Когда Пупок начал мыть цех разделки овощей, где только что работали, сверху из зала приёма пищи спустилась дежурная официантка Роза, остролицая сухопарая осетинка. Она прошла в варочный цех и там стала говорить с поварихой. Пупок уловил обрывки фраз доносящихся под аккомпонимент мерного гудения работающих электрокотлов. Он сообразил, что Роза собиралась принять душ. На что повариха ответила, что, дескать, подожди, сейчас курсант закончит мыть пол, потом помоешься. Сначала Пупков не понял, почему Роза должна обязательно дождаться, когда он закончит мыть пол и уйдёт. Сообразил когда понёс "инструменты" в подсобку. Подсобка и душевая располагались рядом стена к стене, более того, вверху под потолком меж ними имелось окошко, правда забелённое то ли белилами, то ли эмульсионкой.

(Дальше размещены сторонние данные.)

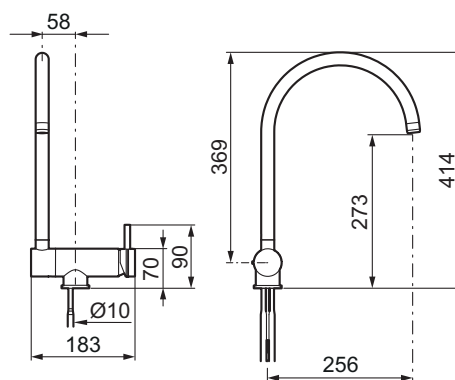

# Mora Izzy Turnie

mora

ANNO 1927

Mora Izzy Turnie is a flexible kitchen mixer with a fold-down spout for windows that open inwards. It delivers what other mixers can't. With the spout folded down, it's only 9 cm high. What's more, the spout has a 360° swivel range. That's what we call harmonious and functional design.

- ESS (energy saving system)
- With foldable swivel spout 360°
- Hole diameter Ø28-35mm

ESS

Description  
Chrome

MA nr  
70 30 46

EAN kod  
7391887215292
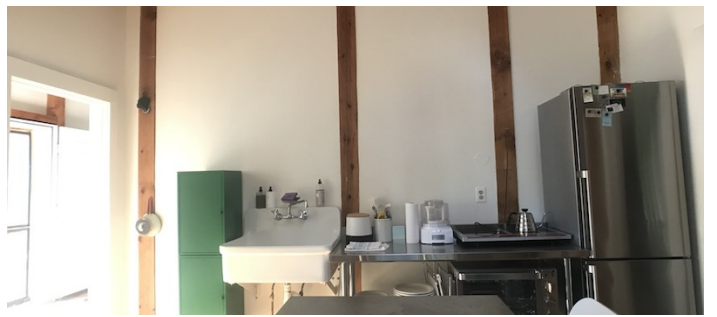

3290

Truro, MA

 LOCATION

Truro, MA 02666

 CATEGORIES

Artist Studio / Gallery, Cottage, House

 DISTANCE FROM NYC

288 miles

 TAGS

Backyard Lawn, Bathroom, Bedroom, Clawfoot Tub, Deck, Eclectic Quirky, Exposed Beam, Kitchen, Living Room, Modern Contemporary, Rustic, Shingle, Staircase, Terrace Patio, Wood Floor

Notes

Charming classic Cape cottage and artist studio in Truro, MA on outer reaches of Cape Cod - recently renovated with pared-down yet welcoming style. Artist Studio is a post and beam structure and includes a master suite with living room, bedroom, studio office and kitchenette. The Main cottage features a summer kitchen, living room, guest bedroom, steep stairs that lead to 2nd floor lofty, beamed bedroom and bathroom.
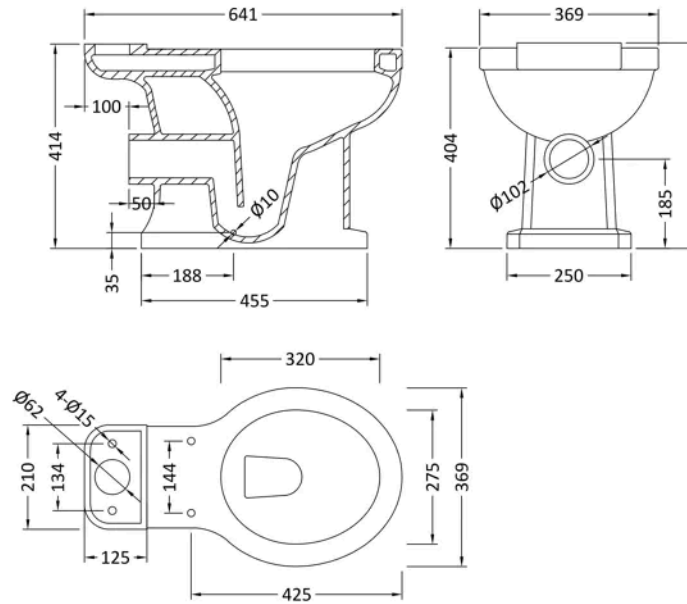

Sales Code: BAYC314

Barcode: 5056817724054

Brand: Bayswater

Description: Bayswater Traditional Close Coupled Pan

Product Dimensions

Product	410 x 365 x 640mm (H x W x D)
Packaged	482 x 392 x 650mm (H x W x D)
Nett Weight	20 kg
Packaged Weight	20 kg

Product Details

Country of Origin	China
Product Material	Vitreous China
Colour/Finish	White
Style	Traditional
Ce Certified	Yes
Includes Seat	No
Pan Type	Comfort Height
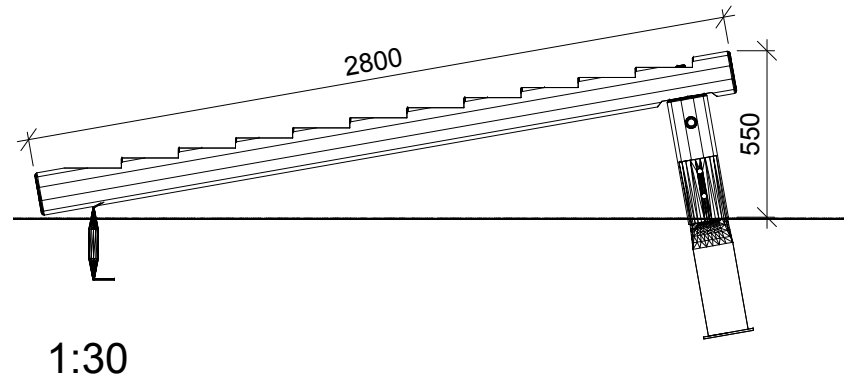

NORLEG	
Balancebom med trin. M:19 D	
LE 20529-V1	
25.01.2018	REV. -

< 600

≥ EN 1176

This drawing is the property of NORLEG and pursuant to current legislation may not be copied, transferred to or used by any third party. Should this drawing be used, a fee of 10% of the assumed contract price will be charged.

NORLEG - Mont.	
Balancebom med trin. M:19 D	
LE 20529-V1	
25.01.2018	REV. -

Mont.p. nr.

1
19 D
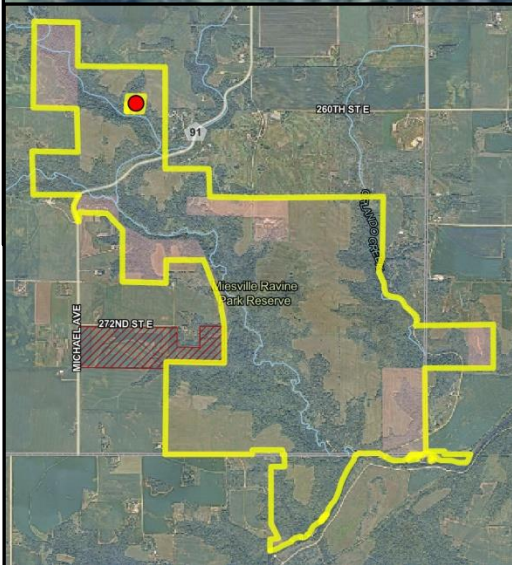

Peter & Linda Schwamb Property

Location within Miesville Ravine Park Reserve
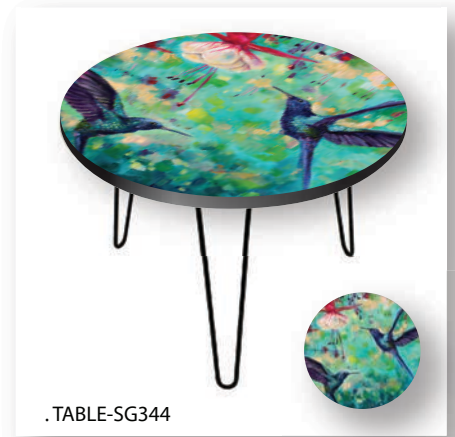

Indoor & Outdoor Functional Decor

PRODUCT FEATURES:

- Custom-Designed Functional Accent Décor
- High Quality Textured Image Resolution
- High Density Laminate Table-Top with
- UV Cured Inks to Prevent Against Fading
- Weather-Resistant
- Powder-Coated Steel Hairpin Legs
- Variety of Beautiful Bright & Fresh Imagery
- Leg Height Options: 6", 16", 24" & 30"
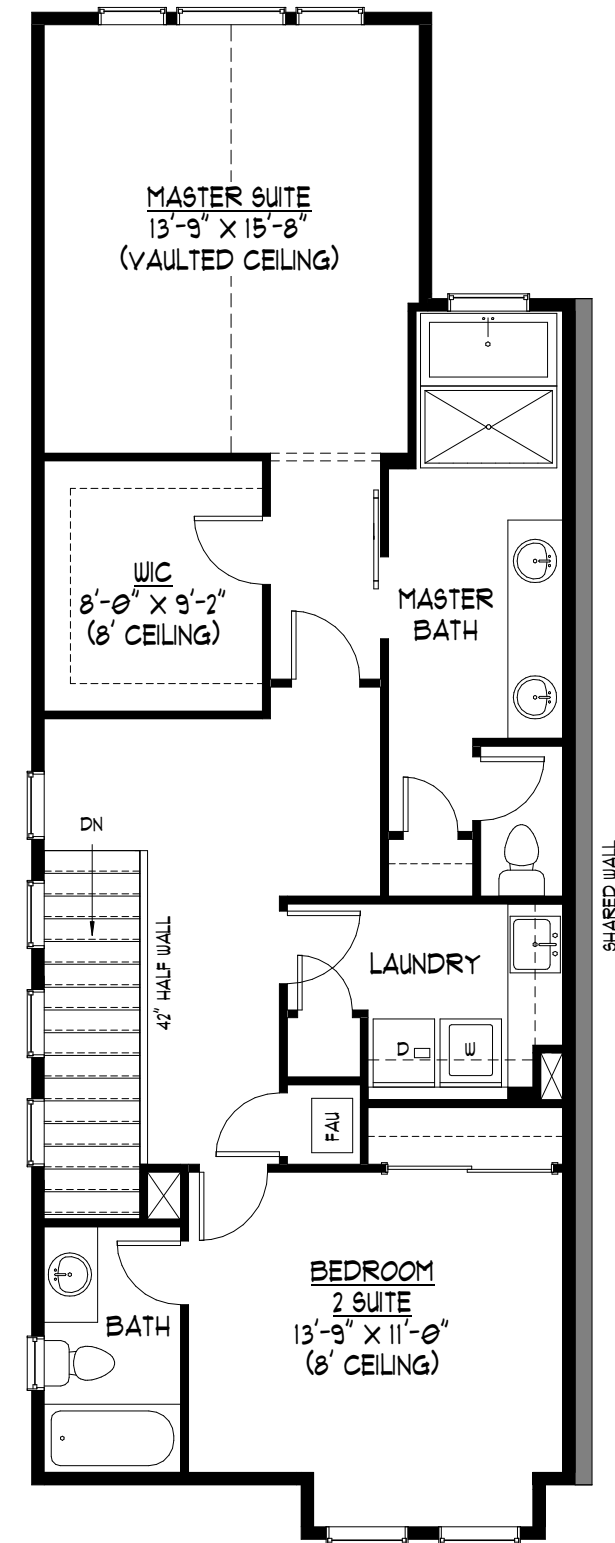

P1416
M23 - GR

UNIT AREA:

LOWER FLOOR:	610 SF
MAIN FLOOR:	863 SF
UPPER FLOOR:	985 SF
TOTAL LIVING:	2,458 SF
GARAGE:	230 SF

LOWER FLOOR PLAN

MAIN FLOOR PLAN

UPPER FLOOR PLAN

Пупкова обдало жаром. Уже несколько подзабытая страсть мгновенно и всецело им вновь овладела. Ему вдруг неодолимо захотелось подсмотреть за моющейся Розой. Но как это сделать, ведь он должен запереть подсобку и отдать ключ. Потом, как добраться до окошка? Впрочем, последний вопрос решился сразу сам собой. Тут же в подсобке стояли какие-то большие ящики и если их подставит один на другой... А вот как быть с дверью...? Он просто не стал её вообще запирать, а ключ отнёс и подал поварихе.
- Ну что, всё вымыл... Подсобку закрыл...? Ну и хорошо, иди отдыхай с Богом.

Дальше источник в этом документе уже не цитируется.